This is overconfidence bias in its purest form — the tendency to overestimate the accuracy of our predictions based on thin or anecdotal evidence. Behavioral economists have documented this bias extensively. Behavioral psychologist, Daniel Kahneman, described how people consistently overestimate the precision of their forecasts, especially in complex systems with many interacting variables.

Basketball, like markets, is exactly that kind of system. A star player rolls his ankle in warmups. An underdog catches fire from three. A referee misses a call. The outcome is partly skill and partly chaos — and yet tens of millions of people fill out brackets with supreme conviction. Yet no one has ever predicted all 67 games correctly in the same year.

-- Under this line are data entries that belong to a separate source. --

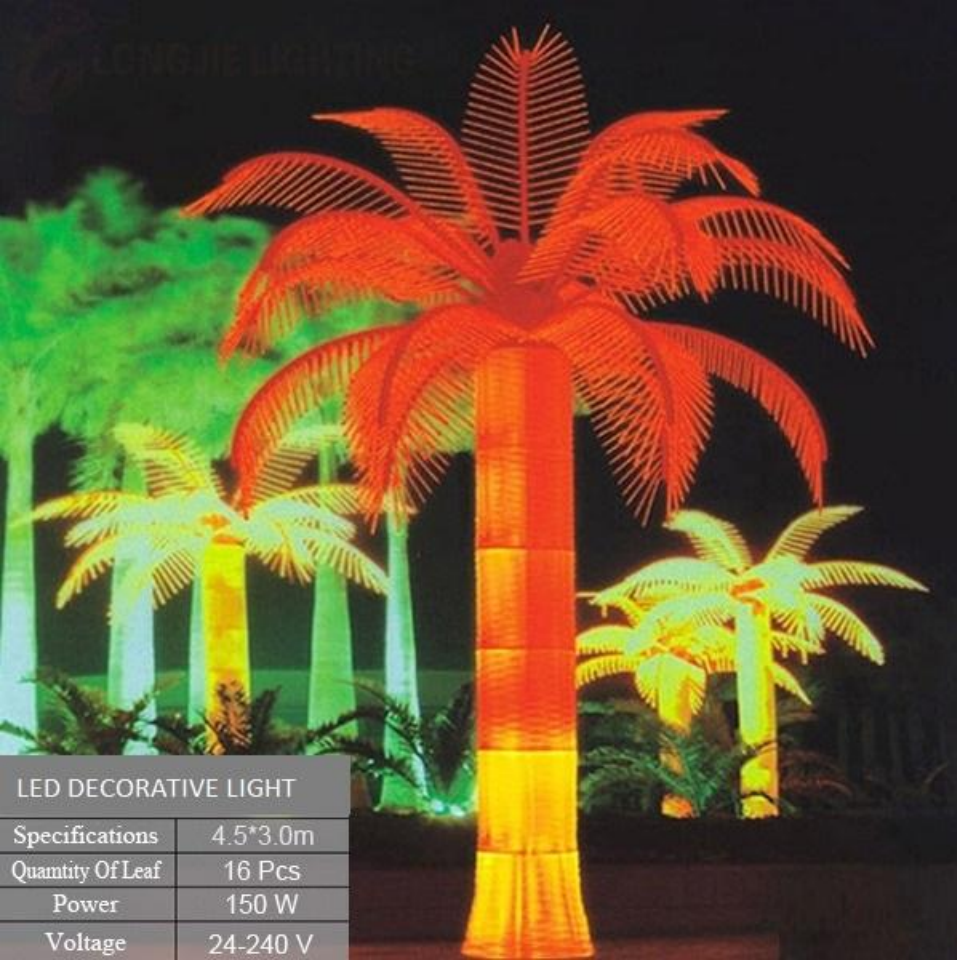

LED DECORATIVE LIGHT	
Specifications	4.5*3.0m
Quantity Of Leaf	11 Pcs
Power	95 W
Voltage	24-240 V

## LED DECORATIVE LIGHT

Specifications	6.0*4.0m
Quantity Of Leaf	12 Pcs
Power	150 W
Voltage	24-240 V

## LED DECORATIVE LIGHT

Specifications	7.0*5.0m
Quantity Of Leaf	10 Pcs
Power	130 W
Voltage	24-240 V

## LED DECORATIVE LIGHT

Specifications	7.0*5.0m
Quantity Of Leaf	12 Pcs
Power	150 W
Voltage	24-240 V

In fact, out of 36 million brackets completed on the major online sites in the 2026, NOT ONE bracket remained perfect by  the 44th game of the 67 game tournament. And there are still four rounds to go.

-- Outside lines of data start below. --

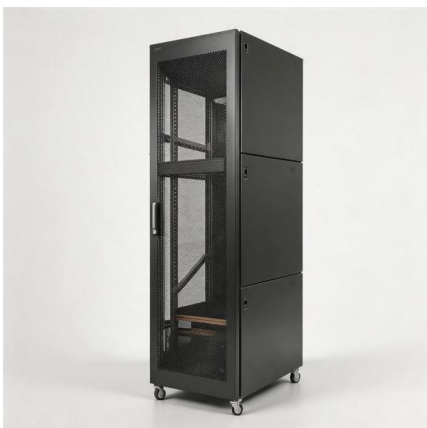

MOLLOM DIN Rail Circuit Breaker Distribution Protection Box

Greatly improve the safety of the circuit breaker. Impact resistance up to IK08. This power distribution protection box can be easily installed and very convenient to use, just need a few steps to mount it

[Contact Us](#)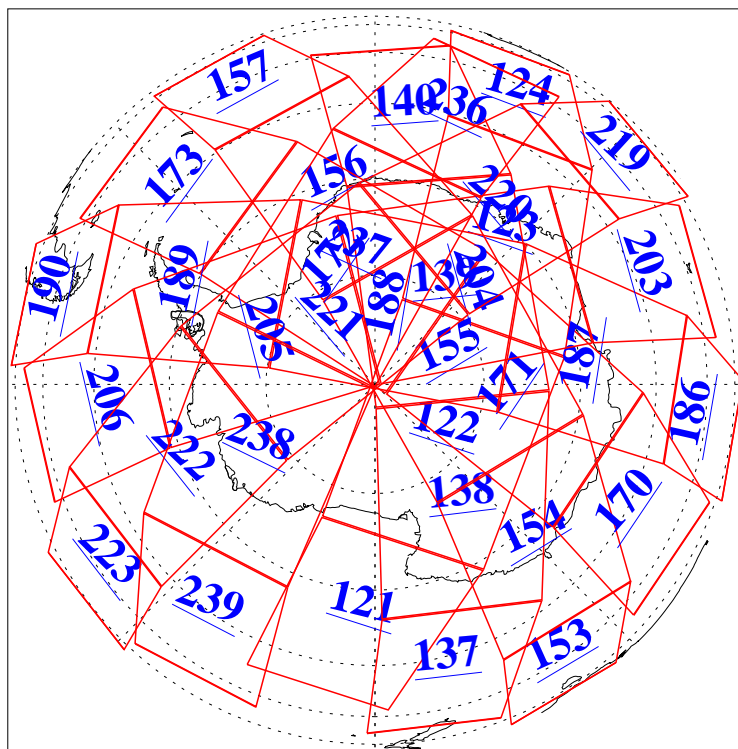

L1B Availability
AMSU Granules: 240
HSB Granules: 0
AIRS Granules: 240

14 Jun 2004
DoY 166
Aqua Day 772
Granules: 1 to 120

Granules: 121 to 240

Legend: AMSU Available, HSB Available, AIRS Available

L1B Availability
AMSU Granules: 240
HSB Granules: 0
AIRS Granules: 240

14 Jun 2004
DoY 166
Aqua Day 772

Ascending Granules

Descending Granules

Legend: AMSU Available, HSB Available, AIRS Available

L1B Availability
 AMSU Granules: 240
 HSB Granules: 0
 AIRS Granules: 240

14 Jun 2004
 DoY 166
 Aqua Day 772

Northern Hemisphere Granules

Southern Hemisphere Granules

Legend: AMSU Available, **HSB Available**, AIRS Available

Investors do the same thing. We read a few earnings reports, catch a segment on financial television, and proceed to make high conviction bets on individual stocks. We forget that we are competing against professionals who do this 12 hours a day with resources and computing power we cannot imagine. The bracket reminds us: confidence and competence are not the same thing.

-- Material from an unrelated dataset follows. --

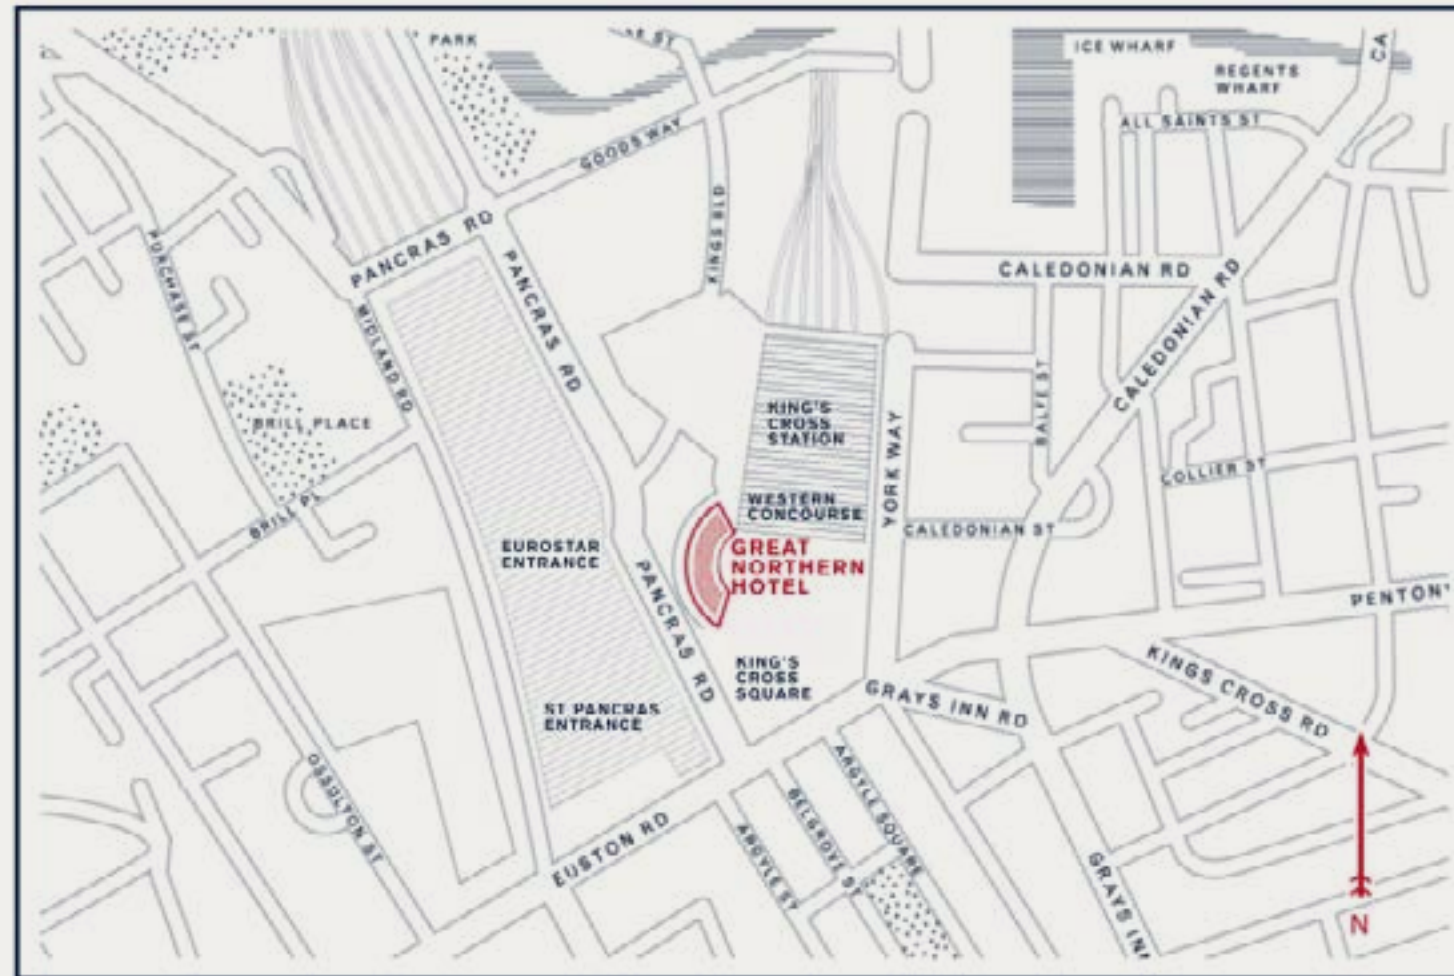

CONTACT

Please email to discuss full exclusive use of our restaurant, RAILS, and GNH Bar & Terrace.

For more information and enquiries, please contact our events team on +44 0 203 388 0800 or email events@gnhlondon.com

For many years, Warren Buffett offered $1 billion to anyone who could pick a perfect NCAA bracket and never once paid up. Now Kalshi, the prediction market site is made the same $1 billion offer. They already know they won’t have to pay up in 2026.

2. Recency Bias: Why Last Year's Champion Gets Too Much Love

In bracket psychology, recent events loom far larger than a full body of evidence would justify. The defending champion University of Florida Gators were a No.1 seed in this year’s tournament and a heavy favorite to make the Final Four. Instead, they got knocked out by No.9 seed, University of Iowa in only the second round. University of Nebraska started the season 20-0 and then dropped seven of their last 13 games heading into the post-season. They fell to a No.4 seed and millions of bracketeers overlooked them as a contender. Yet here are the Huskers in the Sweet 16 having just knocked off Vanderbilt, champions of the highly competitive Southeastern Conference.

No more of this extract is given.